One could use historical drawdown figures to calculate optimal position size that maximizes growth while minimizes drawdown but it is quite unlikely that historical drawdown levels are good estimators of future drawdown levels. Some of those who based position size determination on historical drawdown levels ran into severe problems during the 2008 stock market and commodity sharp decline and even during the recent decline in equities.
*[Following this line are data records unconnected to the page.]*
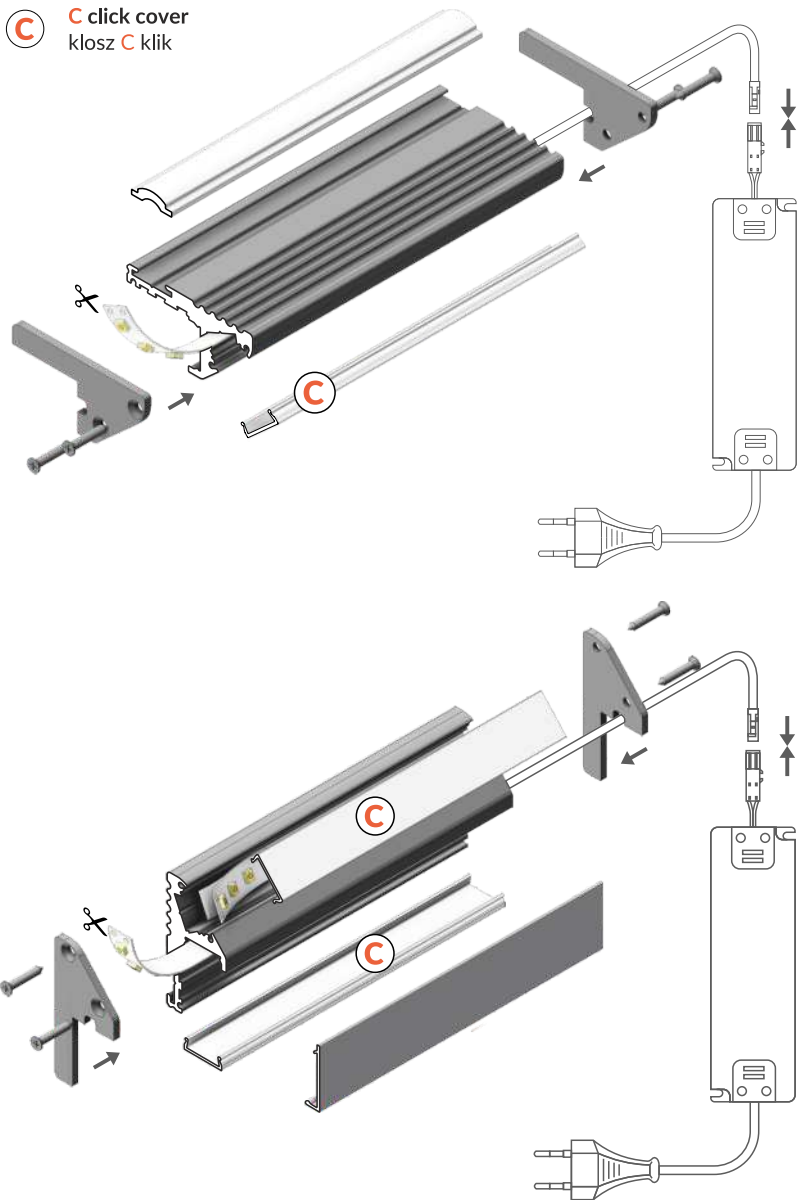

STEP EDGE PROFILE

PROFIL SCHODOWY KRAWĘDZIOWY

- highlighting or illuminating feature
- 2 mounting options - 3 lighting options to choose from
- anti slip insert installation option
- hidden mounting
- impact resistant
- maximum LED strip width: 10 mm
- świecenie akcentujące lub oświetleniowe
- 2 opcje montażu - 3 opcje świecenia do wyboru
- opcja montażu wkładki antypoślizgowej
- ukryte mocowanie
- odporny na udary
- maksymalna szerokość taśmy LED: 10 mm

SIMILAR IN THE OFFER / PODOBNE W OFERCIE

FLOOR12
K/U

OUTSTAIRS12
BC

STEP 10 C

C click cover
klosz C klik

INDEX = 1 pc, length 2000 mm
package = 10 pcs
INDEKS = 1 szt., długość 2000 mm
opakowanie = 10 szt.

● anodized
anodowany
32080020

klosz C klik
kolory: transparentny, mleczny
materiał: PMMA

Note! Dimensions of the space to install LED source
Uwaga! Wymiary przestrzeni do zamontowania źródła LED

INDEX = 1 pc, length 2000 mm
package = 10 pcs
INDEKS = 1 szt., długość 2000 mm
opakowanie = 10 szt.

C transparent / C transparentny
76330000

C white / C mleczny
76330038

ENDINGS / ZAŚLEPKI

STEP10 ending
colours: silver, black
material: steel

zaślepka STEP10
kolory: srebro, czarny
materiał: stal

INDEX = 1 set = 2 pcs
INDEKS = 1 komplet = 2 szt.
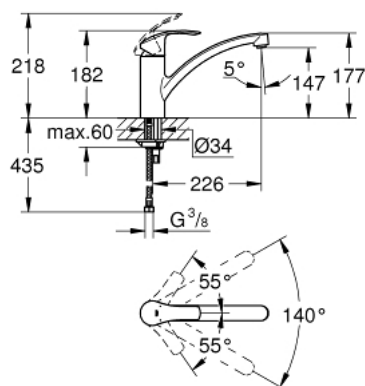

33 281 DC2 EUROSMART BATERIE SPĂLĂTOR CU MONOCOMANDĂ 1/2"

DESCRIEREA PRODUSULUI

- Colour: supersteel
- pipă joasă
- instalare pe o singură gaură
- finisaj GROHE LongLife
- cartuş ceramic de 35 mm cu GROHE SilkMove
- limitator de temperatură integrat
- limitator de debit reglabil
- pipă pivotantă
- unghi de pivotare 140°
- conducte de apă izolate - fără plumb și nichel
- aerator cu fantă de monedă pentru înlocuire fără unelte
- racorduri flexibile de conectare la apă
- sistem rapid de instalare
- presiunea minimă recomandată 1.0 bar

33 281 DC2 EUROSMART BATERIE SPĂLĂTOR CU MONOCOMANDĂ 1/2"

PIESE DE SCHIMB , septembrie 2015 – now

- 1: lever (Spare part-nr. 46897DC0)
- 2: capac (Spare part-nr. 46492DC0)
- 3: Screw ring (Spare part-nr. 46815000)
- 4: Cartuş (Spare part-nr. 46374000)
- 5: Dispozitiv de îndreptare debit (Spare part-nr. 48264000)
- 6: Ansamblu de fixare a tijei nefiletate (Spare part-nr. 46249000)
- 7: Cheie pentru montare (Spare part-nr. 19017000)*
- 8: Cheie tubulară (Spare part-nr. 19332000)*
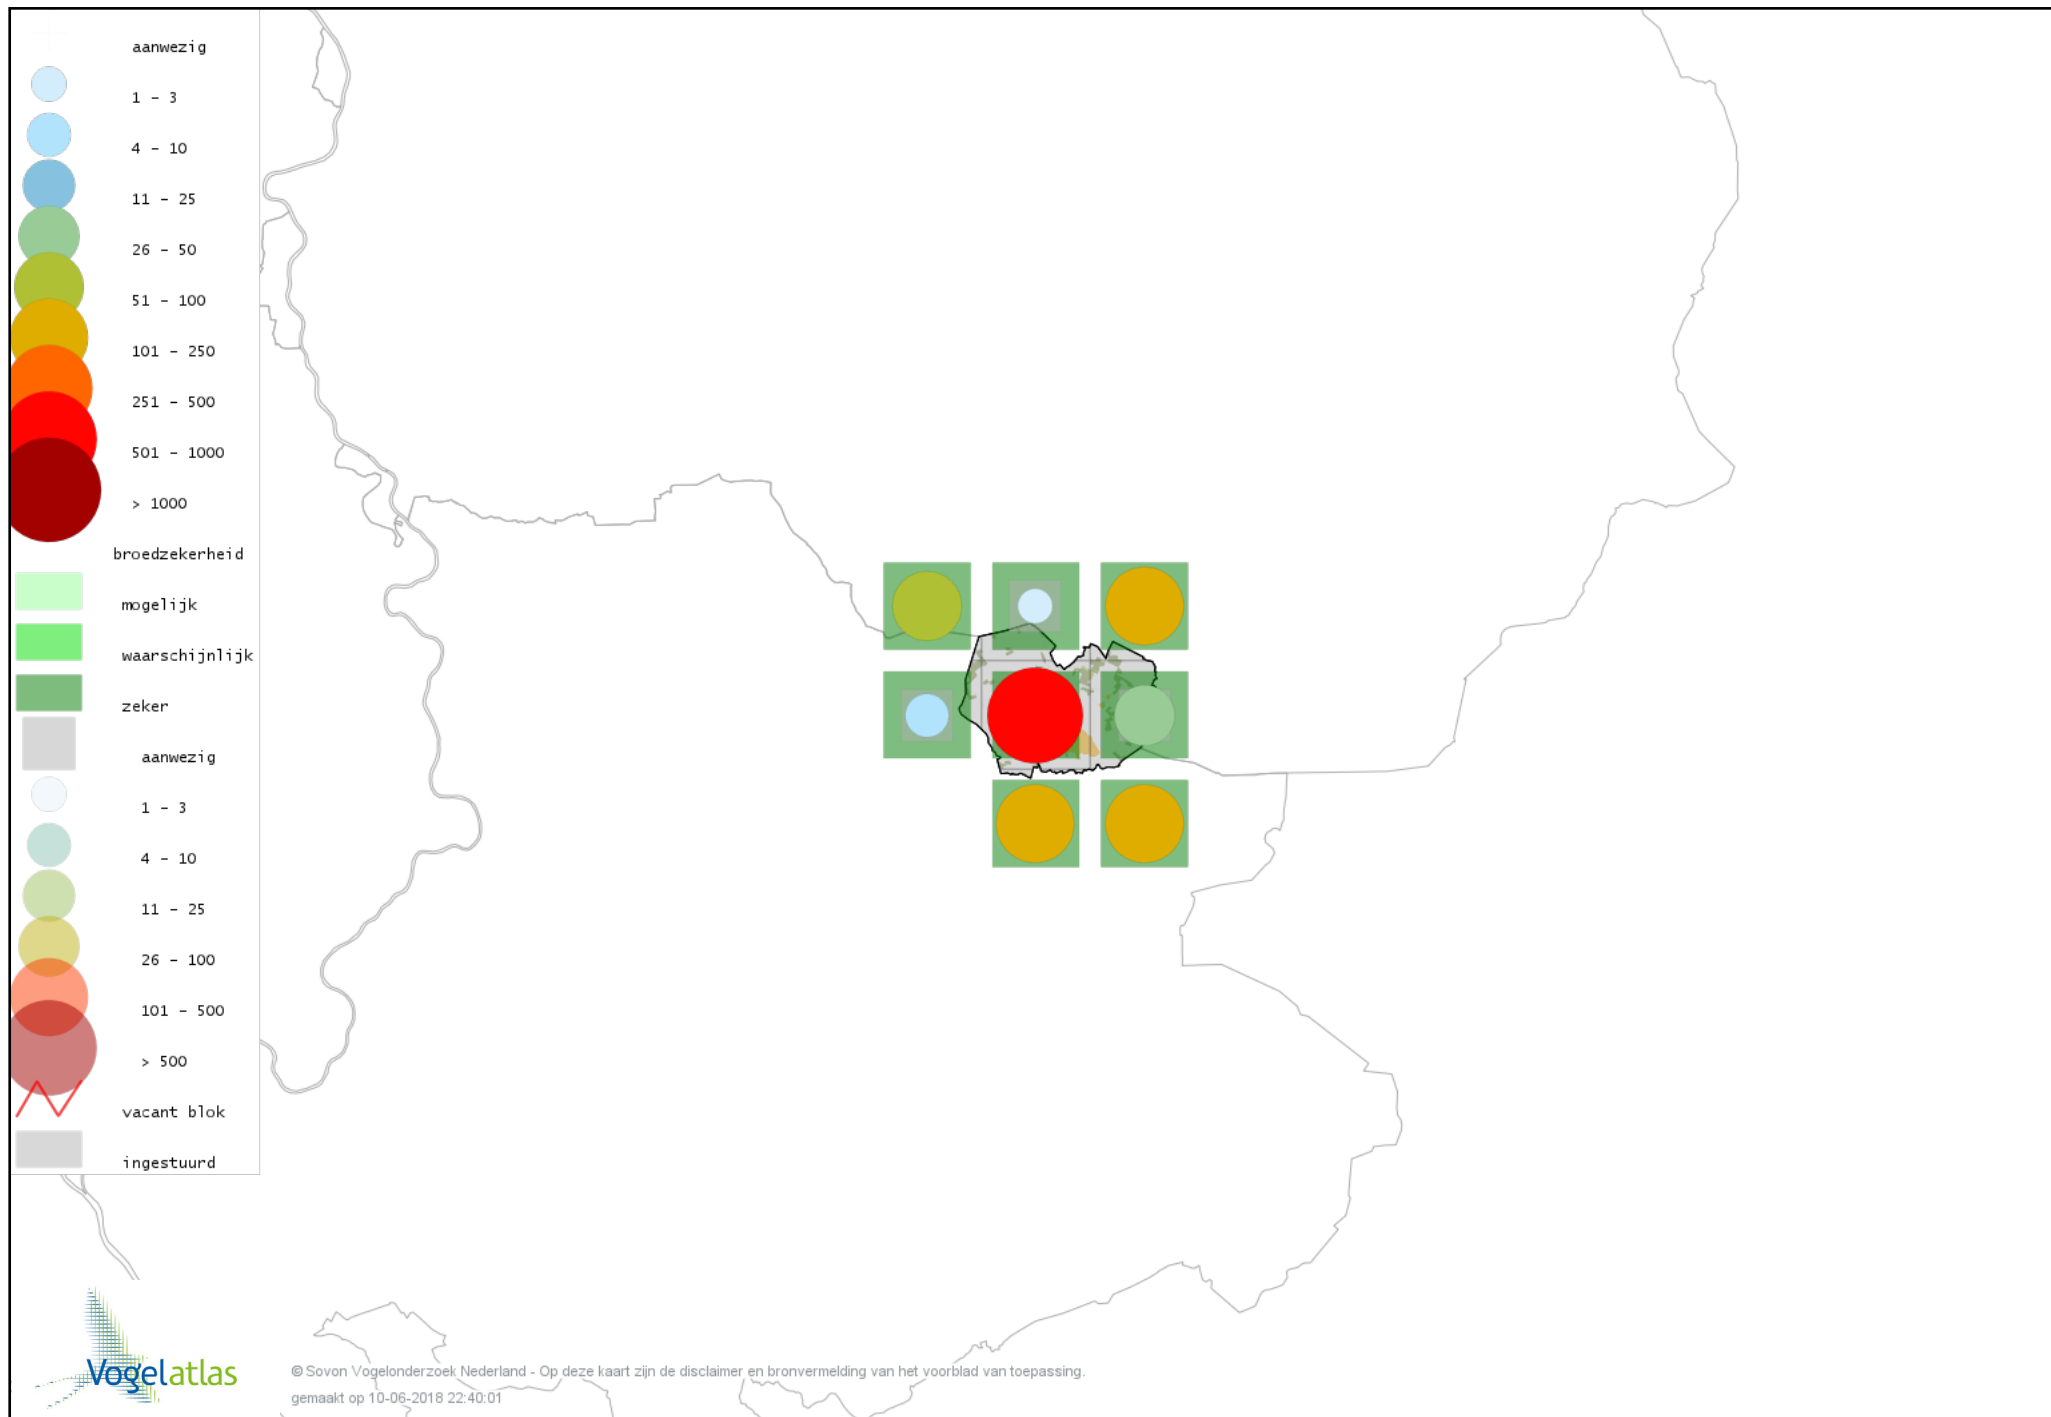

Voorlopige verspreidingskaart Snor broedseizoen

Voorlopige verspreidingskaart Spotvogel broedseizoen

Voorlopige verspreidingskaart Bosrietzanger broedseizoen

Voorlopige verspreidingskaart Kleine Karekiet broedseizoen

Voorlopige verspreidingskaart Rietzanger broedseizoen

Voorlopige verspreidingskaart Boomklever broedseizoen

Voorlopige verspreidingskaart Kortsnavelboomkruiper broedseizoen

Voorlopige verspreidingskaart Boomkruiper broedseizoen

Voorlopige verspreidingskaart Winterkoning broedseizoen

Voorlopige verspreidingskaart Spreeuw broedseizoen

Voorlopige verspreidingskaart Merel broedseizoen

Voorlopige verspreidingskaart Zanglijster broedseizoen

Voorlopige verspreidingskaart Grote Lijster broedseizoen

Voorlopige verspreidingskaart Grauwe Vliegenvanger broedseizoen

Voorlopige verspreidingskaart Roodborst broedseizoen

Voorlopige verspreidingskaart Nachtegaal broedseizoen

So what is a better method for optimal position size determination? Actually I believe there is none and this is the wrong application of optimality. One can talk about optimality when boundary conditions are known, for example a spaceship going from planet A to planet B while minimizing fuel consumption and also minimizing flight time. When the boundary conditions are not know, or worse they are random like it is the case with the markets, it makes no sense to speak about optimal methods. It only makes sense to speak about methods based on proven heuristics. There are such heuristics for all styles of trading, intraday, short-term and trend-following, that old market wizards used to trade very successfully. These specific methods and heuristics will be the subject of another post on position size determination.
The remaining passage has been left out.